Now all this is changed, at least for the low-paid masses. Divorce is to be both difficult and costly. Miss Marion Sinclair, Moscow correspondent of the Daily Mirror (July 13, 1944), gives interesting details. “By the new laws, divorce has been made a long, complicated and expensive process.” She continues: —
” One must apply to the People’s Court, paying 100 roubles, giving reasons and particulars about the partner, who is then called to court. This means that no one who is at the front, or doing war work in distant parts, of the Soviet Union, can be divorced. An announcement of the forthcoming action must be inserted in the local newspaper, the fee payable by the person seeking the divorce. The hearing must be public unless the court, for good reasons, rules otherwise, and so unpleasant publicity is now added to the troubles of the divorce-seeker. The duty of the People’s Court is to reconcile parties. If it fails, witnesses will be produced and the Court will decide whether there are sufficient grounds for divorce. It cannot, however, grant the divorce, but passes on the parties to the District Court, where the whole proceedings are gone through again. The costs are from 500 to 2,000 roubles, not including the fees of the lawyers who—for the first time—will be engaged in divorce actions, if the petitioner does not succeed with the District Court, he works his way up through the Regional, Provincial and City Courts to the Supreme Court of the Republic—a process which may take years, and which will certainly cost a great deal of money.”
The Economist (July 15, 1944) points out what this means : “ . . . the fees to be paid on obtaining a divorce have been fixed so high as to be entirely prohibitive for the working classes. Divorce has become a privilege open only to the high income classes.”
One obvious reason for the change is to be found in the Russian Government’s policy of increasing the population to make up for war deaths, which is being energetically fostered by the recently announced increase of children’s allowances and the institution of medals for mothers of large numbers of children. The mother of ten children is entitled to be called a “Mother Heroine,” and is awarded a large medal.
In spite of statements that the change is approved, it needs no special insight to know that the low-paid Russian workers who are barred from divorce will resent the new arrangement, which make divorce a privilege confined to the wealthier sections of the population.

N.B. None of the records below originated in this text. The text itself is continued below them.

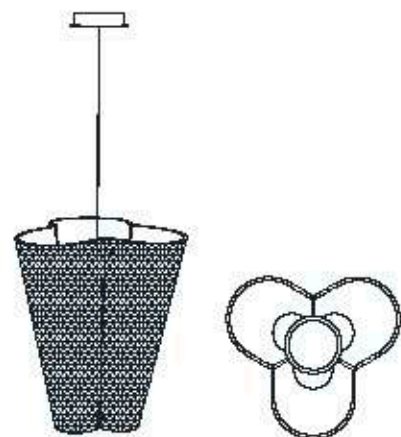

dimensioni _ dimensions

L 14 h. 185 sp. 130 _ W 5" h. 73" d. 51"

lampadine _ bulbs

1 - E14 / 1 - E12

— progetto _ project

LILY 3061/L

DESIGNER
CABERLON+CAROPPI
ARCHITETTI ASSOCIATI

: Lampada da tavolo in metallo con finitura oro chiaro e diffusore in tessuto nero. Disponibile in varianti cromatiche.

dimensioni _ dimensions
ø 70 h. 175 _ ø 28" h. 69"

lampadine _ bulbs
3 - E27 / 3 - E26

correlati _ relateds
p. 29, 25, 23, 27

— progetto _ project

VALENTINA 4025/S

DESIGNER
THDP + SIMONE BRETTE

: Lampada a sospensione in metallo con finitura oro spazzolato e diffusore in vetro rosso. Disponibile in varianti cromatiche.

dimensioni _ dimensions
ø 20 h. 40 _ ø 8" * h. 16"

lampadine _ bulbs
16+2w - LED - 1240 Lumen

dimensioni _ dimensions
ø 32 h. 70 _ ø 13" h. 28"

lampadine _ bulbs
16+2w - LED - 1240 Lumen

3000K standard, alternative disponibili a richiesta.
3000K standard, other options available on request.

dimensioni _ dimensions
ø 43 h. 50 _ ø 17" h. 20"

lampadine _ bulbs
6 GU10 + 7,5w -

3000K standard, alternative disponibili a richiesta.
3000K standard, other options available on request.

progetto _ project

Doubtless the British Communists who praised the former easy divorce will be just as slavishly enthusiastic about the reversal of policy, which puts State capitalist Russia well behind capitalist Britain. It would, however, be interesting to know what Communists have to say about Lenin’s statement, quoted in The Economist (July J5, 1944):
The example of divorce shows that it is impossible to be a Democrat and a Socialist without at once demanding the full freedom of divorce, because the absence of that freedom is an additional vexation to the oppressed sex, to the women.